What to produce: The word "Indoor" occurs in some lines of the data. Return each such line.

Dataset records:
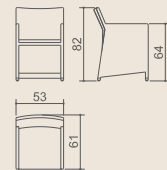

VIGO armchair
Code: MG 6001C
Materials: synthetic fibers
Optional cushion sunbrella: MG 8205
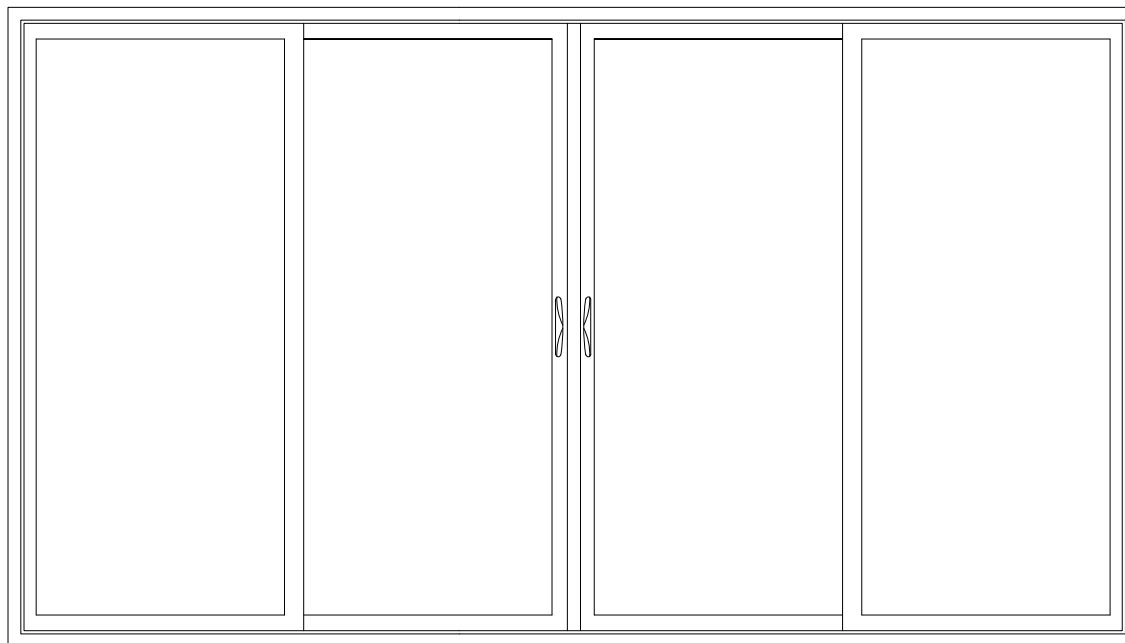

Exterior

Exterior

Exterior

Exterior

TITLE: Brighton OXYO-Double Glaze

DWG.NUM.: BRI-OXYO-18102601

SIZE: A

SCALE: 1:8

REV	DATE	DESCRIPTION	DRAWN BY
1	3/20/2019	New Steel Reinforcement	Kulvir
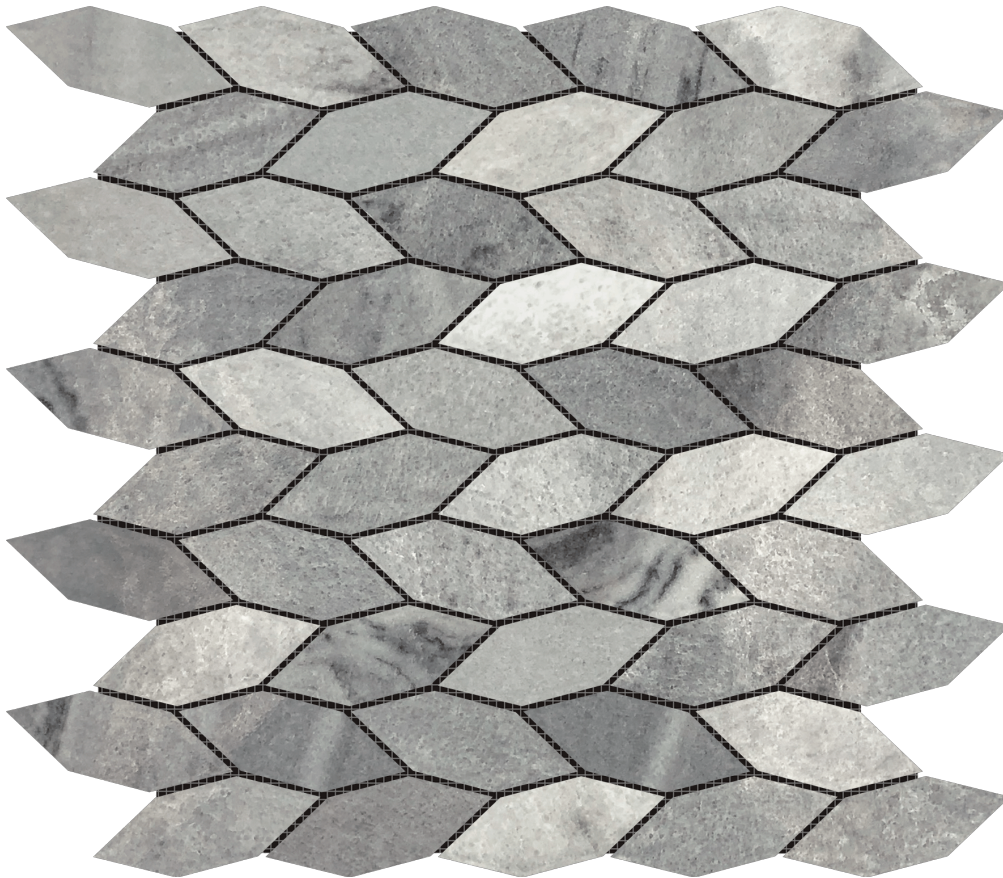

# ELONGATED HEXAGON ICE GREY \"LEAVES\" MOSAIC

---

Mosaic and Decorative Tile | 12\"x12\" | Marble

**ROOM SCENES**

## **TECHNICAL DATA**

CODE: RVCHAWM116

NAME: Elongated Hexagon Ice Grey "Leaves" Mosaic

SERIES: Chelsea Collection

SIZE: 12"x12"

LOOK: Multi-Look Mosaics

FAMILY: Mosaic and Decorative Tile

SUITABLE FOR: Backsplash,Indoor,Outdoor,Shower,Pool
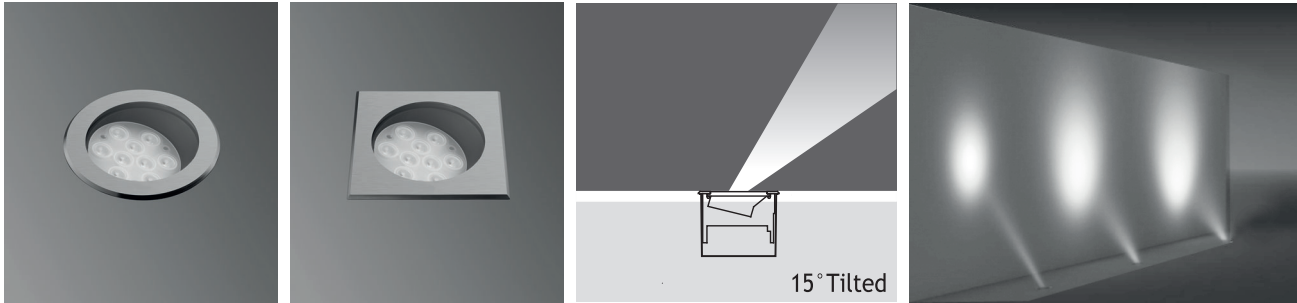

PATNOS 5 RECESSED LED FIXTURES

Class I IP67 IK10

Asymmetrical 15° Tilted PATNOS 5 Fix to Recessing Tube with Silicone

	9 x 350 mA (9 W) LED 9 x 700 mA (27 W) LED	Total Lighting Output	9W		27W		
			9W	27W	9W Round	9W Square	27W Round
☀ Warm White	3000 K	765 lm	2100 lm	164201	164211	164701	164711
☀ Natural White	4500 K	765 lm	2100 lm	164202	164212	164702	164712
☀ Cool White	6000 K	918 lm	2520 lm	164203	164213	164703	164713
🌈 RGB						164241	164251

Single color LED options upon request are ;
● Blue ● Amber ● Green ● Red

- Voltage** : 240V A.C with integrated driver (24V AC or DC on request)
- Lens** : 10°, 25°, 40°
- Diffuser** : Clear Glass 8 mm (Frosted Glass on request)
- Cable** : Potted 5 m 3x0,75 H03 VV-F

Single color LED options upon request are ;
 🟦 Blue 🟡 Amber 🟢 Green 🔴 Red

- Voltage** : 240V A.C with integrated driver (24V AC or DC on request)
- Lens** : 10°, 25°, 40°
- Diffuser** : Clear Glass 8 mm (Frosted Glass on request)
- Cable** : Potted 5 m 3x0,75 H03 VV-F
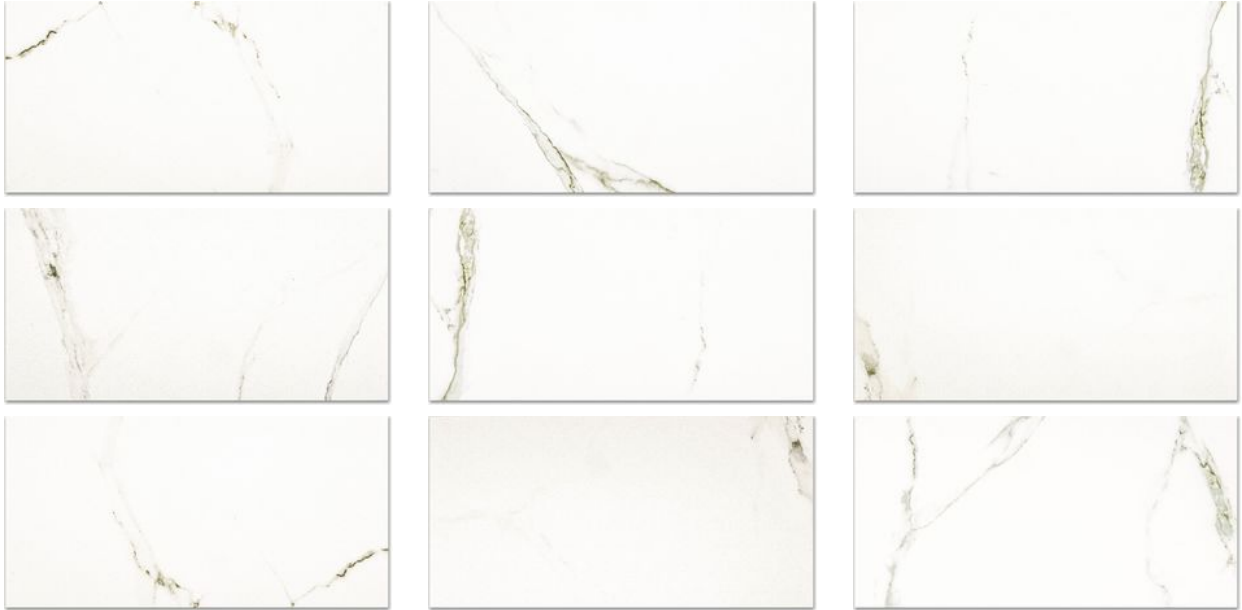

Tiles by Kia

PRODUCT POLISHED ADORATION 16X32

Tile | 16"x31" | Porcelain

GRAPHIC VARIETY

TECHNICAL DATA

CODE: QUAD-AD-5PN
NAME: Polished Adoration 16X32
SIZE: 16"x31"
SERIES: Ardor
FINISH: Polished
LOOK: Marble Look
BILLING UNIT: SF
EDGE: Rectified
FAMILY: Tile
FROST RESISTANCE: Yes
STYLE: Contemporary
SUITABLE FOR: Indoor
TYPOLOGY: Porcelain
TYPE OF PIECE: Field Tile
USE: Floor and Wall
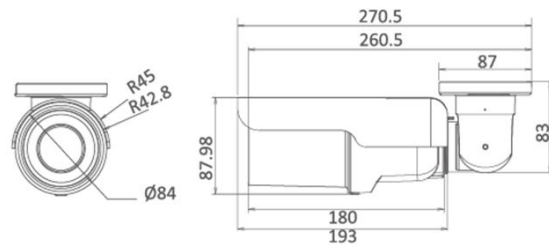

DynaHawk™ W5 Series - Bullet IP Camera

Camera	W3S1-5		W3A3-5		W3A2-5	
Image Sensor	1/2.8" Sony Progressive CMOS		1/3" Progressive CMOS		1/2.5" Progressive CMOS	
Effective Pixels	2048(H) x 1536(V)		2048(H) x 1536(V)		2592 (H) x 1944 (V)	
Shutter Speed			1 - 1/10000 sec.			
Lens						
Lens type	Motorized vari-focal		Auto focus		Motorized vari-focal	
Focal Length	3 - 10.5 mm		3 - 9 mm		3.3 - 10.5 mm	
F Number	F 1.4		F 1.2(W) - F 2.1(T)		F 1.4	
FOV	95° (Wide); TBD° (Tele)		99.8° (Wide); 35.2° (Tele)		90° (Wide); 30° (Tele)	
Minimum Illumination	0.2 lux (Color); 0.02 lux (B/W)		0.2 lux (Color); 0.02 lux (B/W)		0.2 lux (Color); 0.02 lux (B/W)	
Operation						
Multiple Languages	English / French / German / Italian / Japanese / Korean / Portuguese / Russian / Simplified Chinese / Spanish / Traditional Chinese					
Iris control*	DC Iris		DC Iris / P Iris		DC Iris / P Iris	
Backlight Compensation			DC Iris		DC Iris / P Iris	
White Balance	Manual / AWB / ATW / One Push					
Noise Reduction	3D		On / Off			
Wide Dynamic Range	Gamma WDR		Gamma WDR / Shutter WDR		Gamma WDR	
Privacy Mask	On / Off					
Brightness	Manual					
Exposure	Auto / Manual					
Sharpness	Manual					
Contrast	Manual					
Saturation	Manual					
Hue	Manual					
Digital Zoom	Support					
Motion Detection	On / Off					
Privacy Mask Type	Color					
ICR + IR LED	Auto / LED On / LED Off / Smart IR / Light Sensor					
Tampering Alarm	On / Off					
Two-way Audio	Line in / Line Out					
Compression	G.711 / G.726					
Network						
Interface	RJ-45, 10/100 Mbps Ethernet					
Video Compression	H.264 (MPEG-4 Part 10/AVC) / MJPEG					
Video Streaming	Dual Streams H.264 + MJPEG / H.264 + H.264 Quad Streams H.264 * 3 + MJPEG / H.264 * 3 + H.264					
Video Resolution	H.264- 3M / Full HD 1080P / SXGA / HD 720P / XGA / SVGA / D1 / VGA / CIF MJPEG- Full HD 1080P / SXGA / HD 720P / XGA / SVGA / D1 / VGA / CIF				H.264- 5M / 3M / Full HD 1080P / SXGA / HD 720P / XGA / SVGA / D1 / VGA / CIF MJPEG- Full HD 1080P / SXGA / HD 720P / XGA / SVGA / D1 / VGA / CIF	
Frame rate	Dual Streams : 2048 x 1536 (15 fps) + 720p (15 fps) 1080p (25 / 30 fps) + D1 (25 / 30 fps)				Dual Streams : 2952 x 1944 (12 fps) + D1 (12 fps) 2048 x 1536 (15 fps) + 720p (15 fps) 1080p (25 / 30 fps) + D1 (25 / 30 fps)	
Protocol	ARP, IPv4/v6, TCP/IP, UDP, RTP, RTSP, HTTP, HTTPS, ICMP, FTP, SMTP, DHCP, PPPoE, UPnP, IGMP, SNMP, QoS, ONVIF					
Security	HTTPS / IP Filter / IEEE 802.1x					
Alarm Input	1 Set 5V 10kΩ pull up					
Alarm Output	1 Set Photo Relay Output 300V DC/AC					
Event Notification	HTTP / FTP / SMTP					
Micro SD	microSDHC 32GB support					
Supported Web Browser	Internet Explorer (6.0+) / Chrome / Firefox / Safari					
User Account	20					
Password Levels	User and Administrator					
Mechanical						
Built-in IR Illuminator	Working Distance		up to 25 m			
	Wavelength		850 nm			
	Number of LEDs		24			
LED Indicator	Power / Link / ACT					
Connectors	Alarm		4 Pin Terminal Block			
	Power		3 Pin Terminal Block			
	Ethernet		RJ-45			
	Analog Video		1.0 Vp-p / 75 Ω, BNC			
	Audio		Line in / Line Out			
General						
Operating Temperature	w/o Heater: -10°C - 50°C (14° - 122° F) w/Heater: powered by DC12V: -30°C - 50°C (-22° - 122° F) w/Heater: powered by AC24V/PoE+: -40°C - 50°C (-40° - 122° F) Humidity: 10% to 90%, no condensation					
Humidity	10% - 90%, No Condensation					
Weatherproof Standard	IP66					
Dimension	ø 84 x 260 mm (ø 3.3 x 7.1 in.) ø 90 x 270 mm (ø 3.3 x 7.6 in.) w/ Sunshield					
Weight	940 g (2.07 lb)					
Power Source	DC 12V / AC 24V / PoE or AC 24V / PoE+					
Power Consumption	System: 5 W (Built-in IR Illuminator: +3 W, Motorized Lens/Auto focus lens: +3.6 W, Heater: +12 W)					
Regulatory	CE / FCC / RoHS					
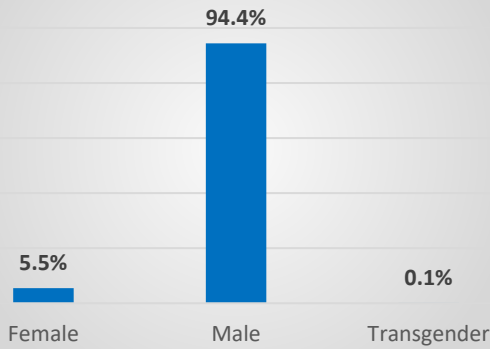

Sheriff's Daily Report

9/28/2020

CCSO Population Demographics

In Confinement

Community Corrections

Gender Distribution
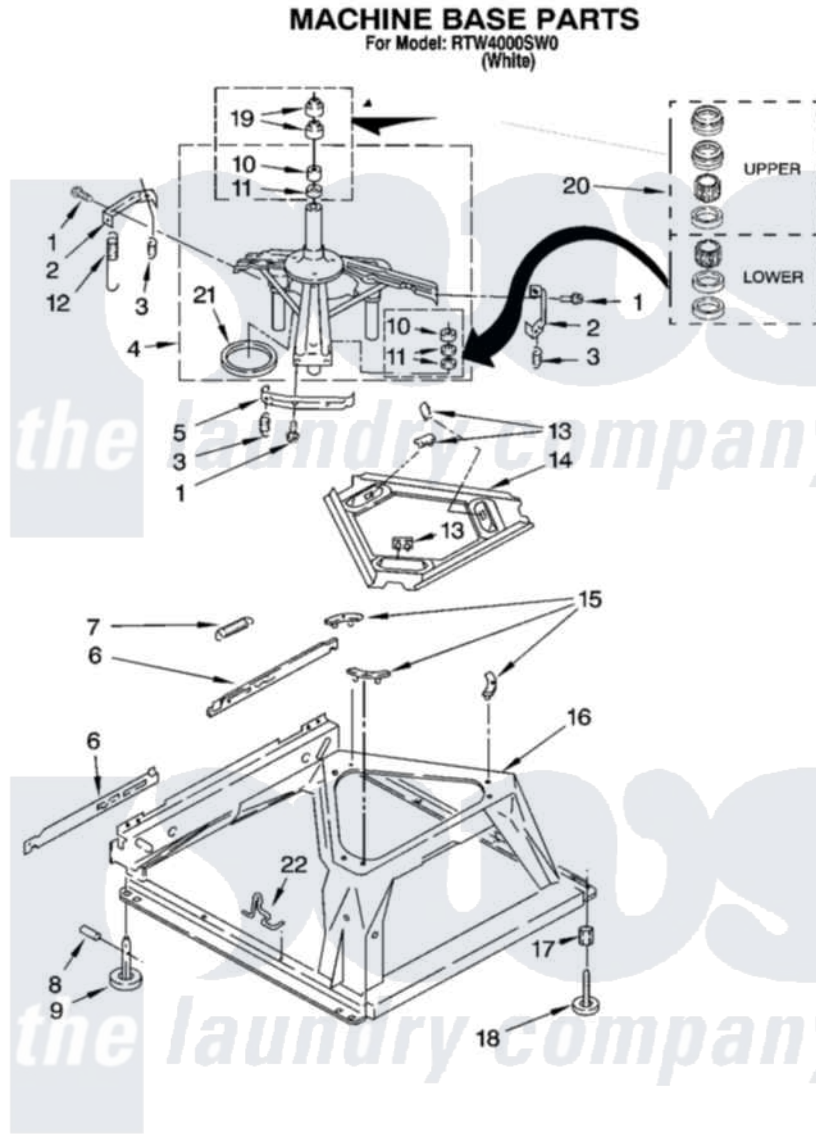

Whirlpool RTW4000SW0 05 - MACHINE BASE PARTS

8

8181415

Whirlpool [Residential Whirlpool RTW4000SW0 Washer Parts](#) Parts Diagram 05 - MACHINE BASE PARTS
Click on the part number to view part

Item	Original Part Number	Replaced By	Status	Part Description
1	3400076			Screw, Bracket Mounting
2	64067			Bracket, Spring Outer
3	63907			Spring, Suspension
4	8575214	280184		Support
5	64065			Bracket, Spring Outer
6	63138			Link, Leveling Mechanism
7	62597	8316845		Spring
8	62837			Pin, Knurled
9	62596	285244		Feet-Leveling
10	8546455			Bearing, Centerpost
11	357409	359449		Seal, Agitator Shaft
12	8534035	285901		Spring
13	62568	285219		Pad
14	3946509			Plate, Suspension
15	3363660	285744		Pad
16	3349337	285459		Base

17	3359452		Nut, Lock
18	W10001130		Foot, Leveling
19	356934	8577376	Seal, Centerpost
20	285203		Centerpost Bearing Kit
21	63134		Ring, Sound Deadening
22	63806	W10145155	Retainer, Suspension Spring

Response:
SUITABLE FOR: Backsplash,Indoor,Outdoor,Shower,Pool
SUITABLE FOR: Indoor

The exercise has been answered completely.